(Records drawn from a dataset)
####################
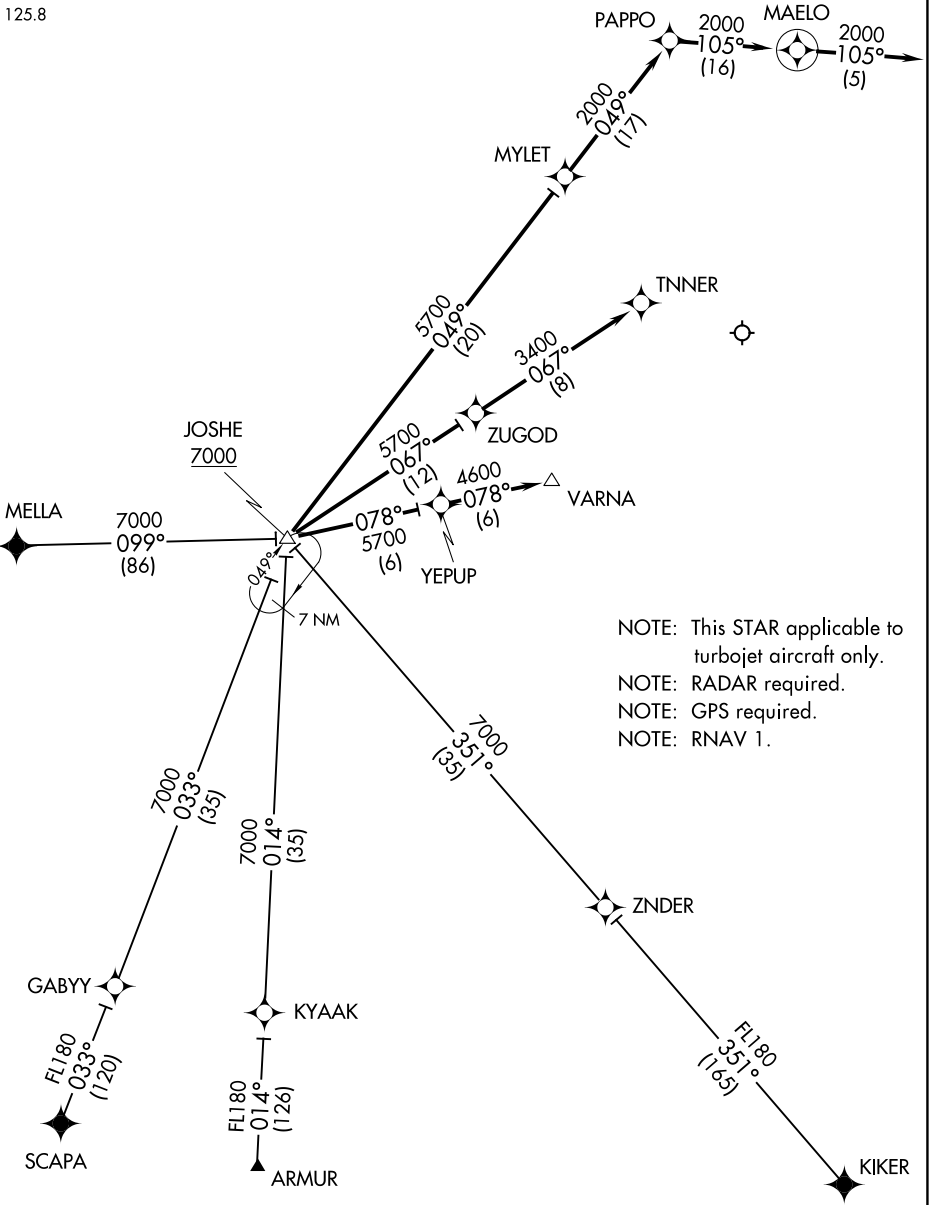

(JOSHE.JOSHE3) 26078

AL-784 (FAA)

LUIS MUNOZ MARIN INTL
SAN JUAN, PUERTO RICO

JOSHE THREE ARRIVAL (RNAV)

SAN JUAN APP CON
119.4 269.2 (W & SW)
120.9 290.2 (N & E)
D-ATIS
125.8

NOTE: This STAR applicable to turbojet aircraft only.
 NOTE: RADAR required.
 NOTE: GPS required.
 NOTE: RNAV 1.

NOTE: Chart not to scale.

(CONTINUED ON FOLLOWING PAGE)

JOSHE THREE ARRIVAL (RNAV)

SAN JUAN, PUERTO RICO
LUIS MUNOZ MARIN INTL

(JOSHE.JOSHE3) 18NOV10

SE-3, 16 APR 2026 to 14 MAY 2026

SE-3, 16 APR 2026 to 14 MAY 2026

JOSHE THREE ARRIVAL (RNAV)

ARRIVAL ROUTE DESCRIPTION

ARMUR TRANSITION (ARMUR.JOSHE3):

KIKER TRANSITION (KIKER.JOSHE3):

MELLA TRANSITION (MELLA.JOSHE3):

SCAPA TRANSITION (SCAPA.JOSHE3):

LANDING EAST RWY 8: From over JOSHE on track 078° to YEPUP, then on track 078° to VARNA.

LANDING EAST RWY 10: From over JOSHE on track 067° to ZUGOD, then on track 067° track to TNNER.

LANDING WEST RWYS 26/28: From over JOSHE on track 049° to MYLET, then on track 049° to PAPPO, then on track 105° to MAELO, then on heading 105°. Expect RADAR vectors to final approach course.
####################
Exactly as they appear above, print all the lines, but not the pictures.

- **Output for this task**
(JOSHE.JOSHE3) 26078

AL-784 (FAA)

LUIS MUNOZ MARIN INTL
SAN JUAN, PUERTO RICO

JOSHE THREE ARRIVAL (RNAV)

SAN JUAN APP CON
119.4 269.2 (W & SW)
120.9 290.2 (N & E)
D-ATIS
125.8

NOTE: This STAR applicable to turbojet aircraft only.
 NOTE: RADAR required.
 NOTE: GPS required.
 NOTE: RNAV 1.

NOTE: Chart not to scale.

(CONTINUED ON FOLLOWING PAGE)

JOSHE THREE ARRIVAL (RNAV)

SAN JUAN, PUERTO RICO
LUIS MUNOZ MARIN INTL

(JOSHE.JOSHE3) 18NOV10

SE-3, 16 APR 2026 to 14 MAY 2026

SE-3, 16 APR 2026 to 14 MAY 2026

JOSHE THREE ARRIVAL (RNAV)

ARRIVAL ROUTE DESCRIPTION

ARMUR TRANSITION (ARMUR.JOSHE3):

KIKER TRANSITION (KIKER.JOSHE3):

MELLA TRANSITION (MELLA.JOSHE3):

SCAPA TRANSITION (SCAPA.JOSHE3):

LANDING EAST RWY 8: From over JOSHE on track 078° to YEPUP, then on track 078° to VARNA.

LANDING EAST RWY 10: From over JOSHE on track 067° to ZUGOD, then on track 067° track to TNNER.

LANDING WEST RWYS 26/28: From over JOSHE on track 049° to MYLET, then on track 049° to PAPPO, then on track 105° to MAELO, then on heading 105°. Expect RADAR vectors to final approach course.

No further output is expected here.